There’s no substitute for physical proximity, say researchers.

4 December 2017

Dalmeet Singh Chawla

Alex Green/Getty

Scientists who collaborate locally publish more papers and are more highly cited than those who engage in long-distance relationships, finds a recent study of more than 16,000 academics employed at Italian institutions. The analysis, published in the Journal of Informetrics in November 2017, looked at almost 31,000 scholarly papers published between 2001 and 2012.

Giovanni Abramo

Many researchers have reported on the global rise in collaborations, but only a few have looked at its effect on productivity. The Italian study is the first to test the two-way link between collaboration, measured by the number of co-authors and their affiliations on a paper, and productivity, measured by the number of publications a researcher has produced, and the citations their work has yielded.

The analysis found that only domestic collaborations, not international ones, enhanced a researcher’s productivity. This is a strange finding, according to a co-author of the study, Giovanni Abramo, a technological research director at the Institute for System Analysis and Computer Science of the National Research Council in Rome, Italy.
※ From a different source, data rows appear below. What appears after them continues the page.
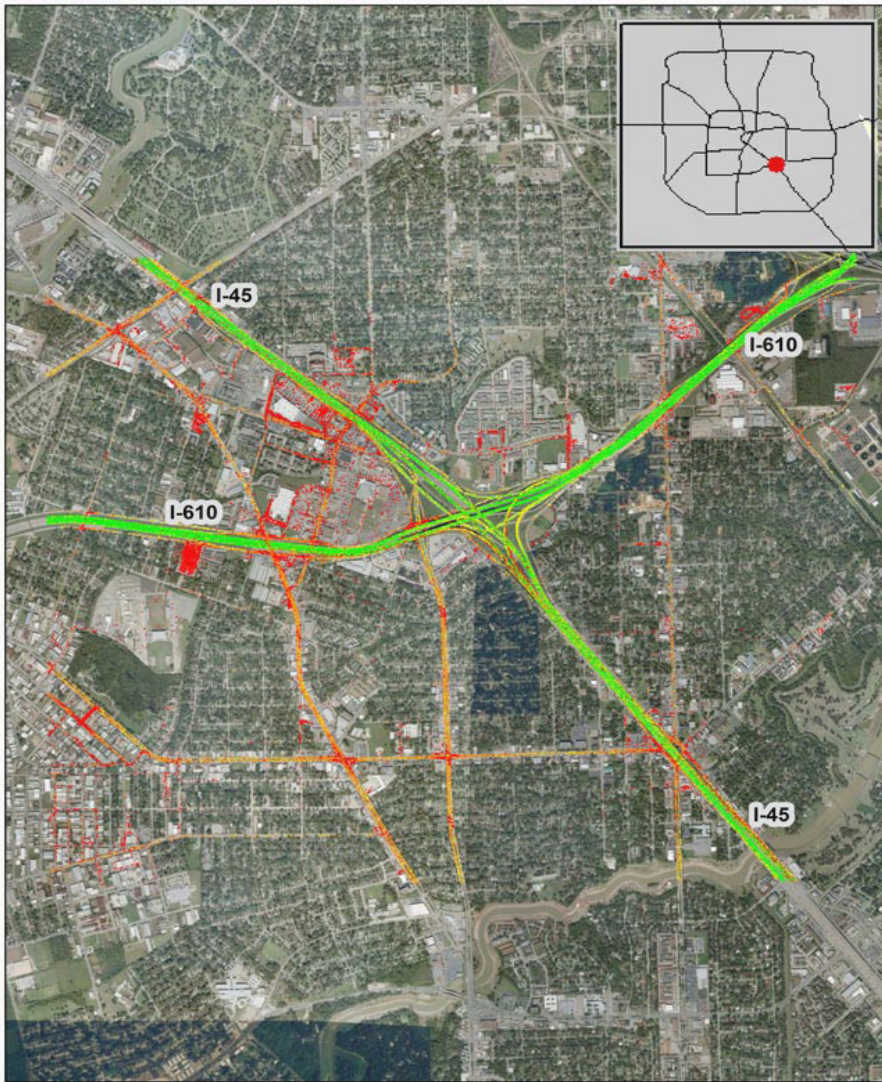

# Houston, TX: I-45 at I-610 (South)

## Summary

|                                      |      |
|--------------------------------------|------|
| National Ranking by Congestion Index | 82   |
| Average Speed                        | 46   |
| Peak Average Speed                   | 36   |
| Nonpeak Average Speed                | 51   |
| Nonpeak/Peak Ratio                   | 1.43 |

### Average Speed by Time of Day I-45 at I-610 (South)
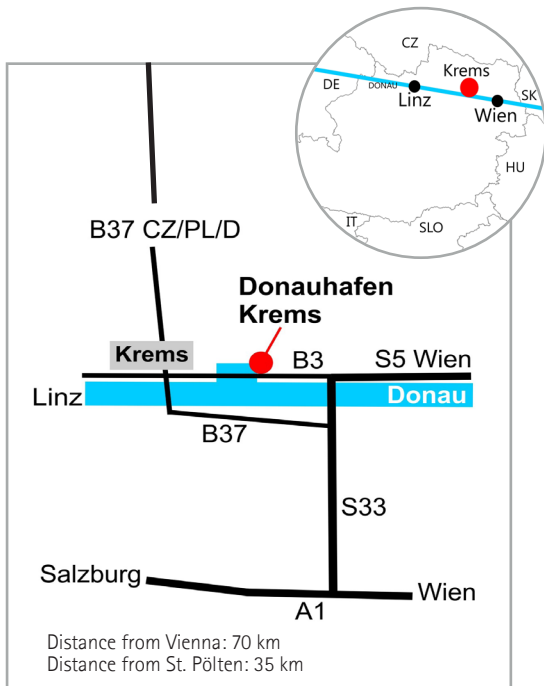

Location Profile

Krems. Danube Harbour

krems

Consisting of a very large area available for flexible leasing, the Danube Harbour Krems offers companies in industry, heavy goods and commerce, space to expand. A part of the Danube Harbour, there is direct access to the harbour basins, railway sidings, a container terminal and to first-class road and railway networks.

Companies located at the harbour:

- 01 Rhenus GmbH & Co KG
www.rhenus-hafenkrems.com
 - 02 Metrans Krems GmbH
www.metrans.at
 - 03 Exterstahl GmbH
www.exterstahl.com
 - 04 Lasselsberger GmbH
www.lasselsberger.at
 - 05 Hafen- und Industriebahn Ges.m.b.H
www.hib.co.at
- Adjoining companies:
- 06 voestalpine Krems GmbH
www.voestalpine.com
 - 07 Brantner GmbH
www.brantner.com
 - 08 DGK Danube Industrial Estate GmbH
www.ecoplus.at

The higher costs associated with maintaining international collaborations, as well as language and cultural barriers could be thwarting the productivity of international collaborations, he suggests.

The findings contradict earlier studies, including Abramo’s own previous work, which found that international collaborations boost productivity.

The discrepancy could be due to the use of a technique called ‘fractionalized counting’, says Cassidy Sugimoto, an information scientist at Indiana University Bloomington, who recently co-authored a paper which showed that scholars who migrate and travel are cited more often than those who don’t. The method involves dividing credit for a paper equally among co-authors; for instance, three co-authors of a study would each be given a fractional count of 0.33. Previous research, Sugimoto says, used ‘full counting,’ which assigns each co-author a full count of 1.

The Nature Index also uses fractional counting to divide credit among co-authors of collaborative papers, deriving a weighted fractional count (WFC) for institutions and countries. An analysis of the articles published in the high-quality journals tracked by the index found that international papers have more than three times the number of institutional affiliations than domestic papers.

“Given that most research evaluation exercises focus on the full production of an individual or disciplinary unit, the use of fractionalized counting (while methodologically sound) may not be of particular policy relevance,” says Sugimoto.

When looking at the effect of productivity on collaboration, the researchers found no geographical distinctions. Researchers that published more papers and received higher citation scores were more likely to engage in collaborations at both a local and international level. This could be because productive researchers have higher visibility, says Abramo, attracting more collaborators by attending more international conferences and meetings. It’s also possible that more productive researchers are better at managing alliances, he adds.